The civil indemnity and moral damages are fixed at P75,000.00 each because homicide was a gross crime.
Considering that the decisions of the lower courts contained no treatment of the actual damages, the Court is in no position to dwell on this. The lack of such treatment notwithstanding, the Court holds that temperate damages of P25,000.00 should be allowed to the heirs of the victim. Article 2224 of the Civil Code authorizes temperate damages to be recovered when some pecuniary loss has been suffered but its amount cannot be proved with certainty. There is no longer any doubt that when actual damages for burial and related expenses are not substantiated with receipts, temperate damages of at least P25,000.00 are warranted, for it is certainly unfair to deny to the surviving heirs of the victim the compensation for such expenses as actual damages.8 This pronouncement proceeds from the sound reasoning that it would be anomalous that the heirs of the victim who tried and succeeded in proving actual damages of less than P25,000.00 would only be put in a worse situation than others who might have presented no receipts at all but would still be entitled to P25,000.00 as temperate damages.9 In addition, in line with recent jurisprudence,10 all the items of civil liability shall earn interest of 6% per annum, computed from the date of the finality of this judgment until the items are fully paid.
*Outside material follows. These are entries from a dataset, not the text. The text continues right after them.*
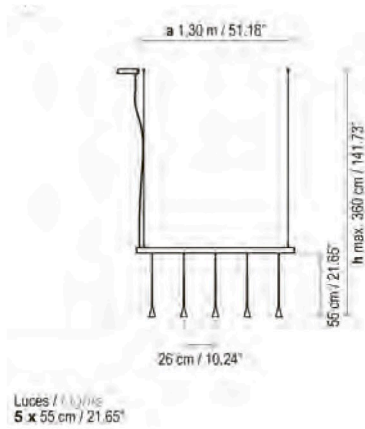

Skybell Linear S/5L/21

IP 20 | 0/1-10V / DALI / PUSH | 16 W LED / CRI: 90 / 2700 K
1860 lm light source/fuente de luz

Only for North America

Skybell Linear S/5L/21

DRY | 0/1-10V / PUSH | 16 W LED / CRI: 90 / 2700 K
1860 lm light source

WHEREFORE, the Court AFFIRMS the decision promulgated on October 22, 2004 subject to the MODIFICATION that: (a) the INDETERMINATE SENTENCE of petitioner PEDRO LADINES is 10 years and one day of prision mayor, as minimum, to 14 years, eight months and one day of the medium period of reclusion temporal, as maximum; and (b) the petitioner shall pay to the heirs of the victim Erwin de Ramon: (1) civil indemnity and moral damages of P75,000.00 each; (2) temperate damages of P25,000.00; (c) interest of 6% per annum on all items of the civil liability computed from the date of the finality of this judgment until they are fully paid; and (d) the costs of suit.
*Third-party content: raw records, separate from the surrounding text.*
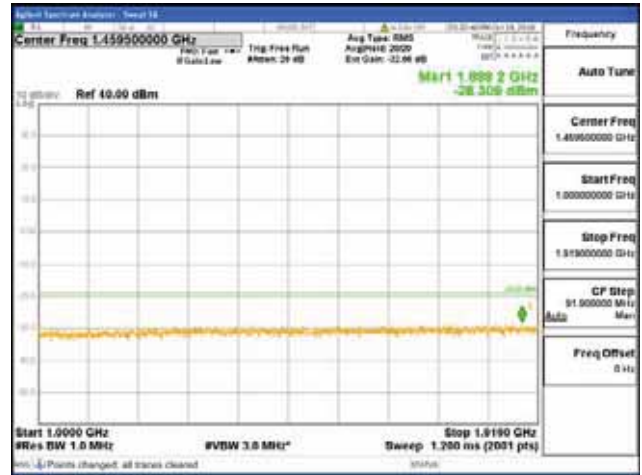

Report No.:
 CTK-2018-03328
 Page (972) / (1312)
 Pages

[64QAM]

9 kHz - 150 kHz

150 kHz - 30 MHz

30 MHz - 1000 MHz

1000 MHz - 1919 MHz

CTK Co., Ltd.
 (Ho-dong), 113, Yejik-ro, Cheoin-gu,
 Yongin-si, Gyeonggi-do, Korea
 Tel: +82-31-339-9970
 Fax: +82-31-624-9501

Sereno, C.J., Leonardo-De Castro, Perez, and Perlas-Bernabe, JJ., concur.
FIRST DIVISION, G.R. No. 167333, January 11, 2016, PEDRO LADINES, PETITIONER, VS. PEOPLE OF THE PHILIPPINES AND EDWIN DE RAMON, RESPONDENTS.
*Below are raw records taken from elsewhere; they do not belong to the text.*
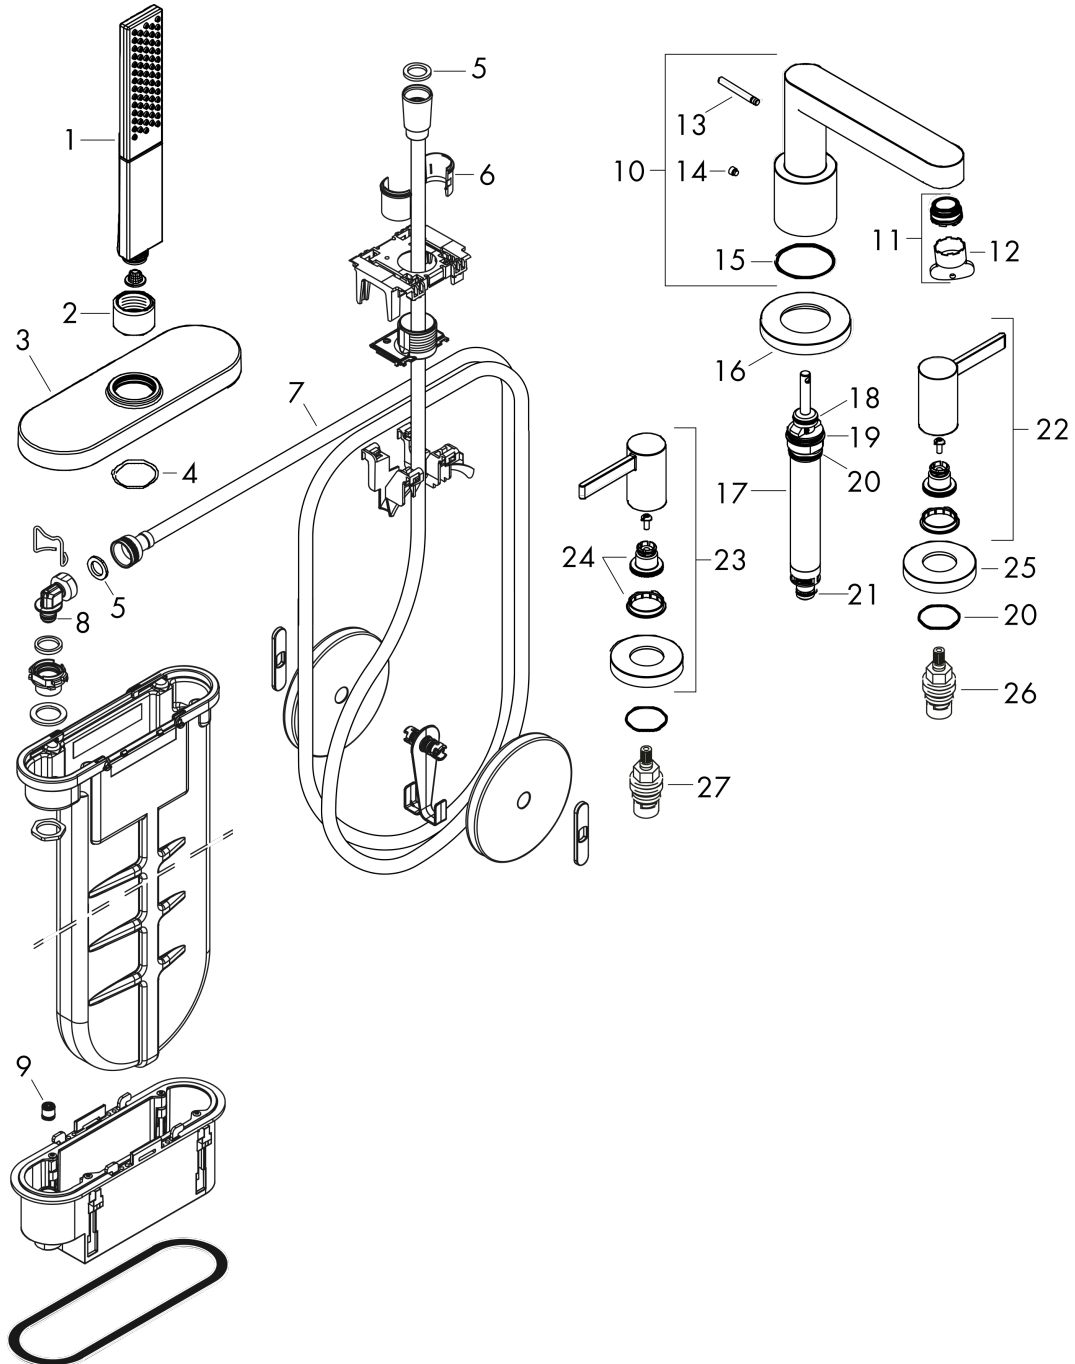

Finoris

4-hole rim mounted bath mixer with sBox

Surfaces: **Matt White** Article Number: **76444700**

Description

product features

- consists of: 4-hole rim mounted bath mixer, hand shower, shower holder, shower hose, hose box
- 2 functions
- projection 152 mm
- connection type: basic set
- spray type mixer: normal spray
- spray type hand shower: PowderRain
- maximum pull-out length of hand shower: 1.45 m
- sBox for quiet, smooth and protected hose guidance
- maximum flow rate at 3 bar: 23,5 l/min
- flow rate for bath spout at 3 bar: 23,5 l/min
- flow rate of hand shower at 3 bar: 10,2 l/min
- min. operating pressure: 1 bar
- max. operating pressure: 10 bar
- ceramic valves hot/ cold 90°
- non-return valve
- connection dimension: DN15

Flowchart

Finoris
4-hole rim mounted bath mixer with sBox
 Surfaces: **Matt White** Article Number: **76444700**

Exploded Drawing

Year of production: >06/21

Finoris**4-hole rim mounted bath mixer with sBox**Surfaces: **Matt White** Article Number: **76444700****Spare part list**

Year of production: >06/21

Pos.	Description	Article Number	Price	PU
1	handshower	26866700	-	1
2	nut	97584700	-	1
3	escutcheon	93505700	-	1
4	O-Ring 32x2	98193000	-	1
5	seal	98058000	-	1
6	insert for shower holder	96942000	-	1
7	shower hose	93506000	-	1
8	O-ring 9x2	98119000	-	1
9	non return valve DW 10	96456000	-	1
10	spout cpl.	93977700	-	1
11	aerator M24x1 (30 l/min)	98998000	-	1
12	special tool	95158000	-	1
13	diverter knob	98707700	-	1
14	hollow set screw M6x6	97660000	-	1
15	O-ring 41x1,5	98168000	-	1
16	escutcheon for spout	93978700	-	1
17	selector assy	93589000	-	1
18	O-Ring 14x2,5	98189000	-	1
19	O-Ring 23x2,5	98183000	-	1
20	O-Ring 22x2	98185000	-	1
21	O-ring 9x2,5	98217000	-	1
22	handle for cold water	93980700	-	1
23	handle for hot water	93979700	-	1
24	handle fixing set	94184000	-	1
25	escutcheon for handle	93976700	-	1
26	shut off unit left closing	94008000	-	1
27	shut off unit right closing	94009000	-	1

1 Angeles v. Pascual. G.R. No. 157150, September 21, 2011, 658 SCRA 23, 28-29.
2 Id. at 29-30.
3 Luzon Hydro Corporation v. Commissioner of Internal Revenue, G.R. No. 188260, November 13, 2013, 709 SCRA 462, 476.
4 Custodio v. Sandigunbayan, G.R. Nos. 96027-28, March 8, 2005, 453 SCRA 24, 33.
5 Article 249, Revised Penal Code.
6 People v. Osianas, G.R. No. 182548, September 30, 2008, 567 SCRA 319, 339-340; People v. Buduhcm, G.R. No. 178196. August 6, 2008, 561 SCRA 337, 367-368; People v. Berondo, Jr., G.R. No. 177827, March 30, 2009, 582 SCRA 547, 554-555.
7 People v. Panado, G.R. No. 133439, December 26, 2000, 348 SCRA 679, 690-691.
8 People v. Lacaden, G.R. No. 187682, November 25, 2009, 605 SCRA 784, 804-805.
10 Sison v. People, G.R. No. 187229, February 22, 2012, 666 SCRA 645, 667.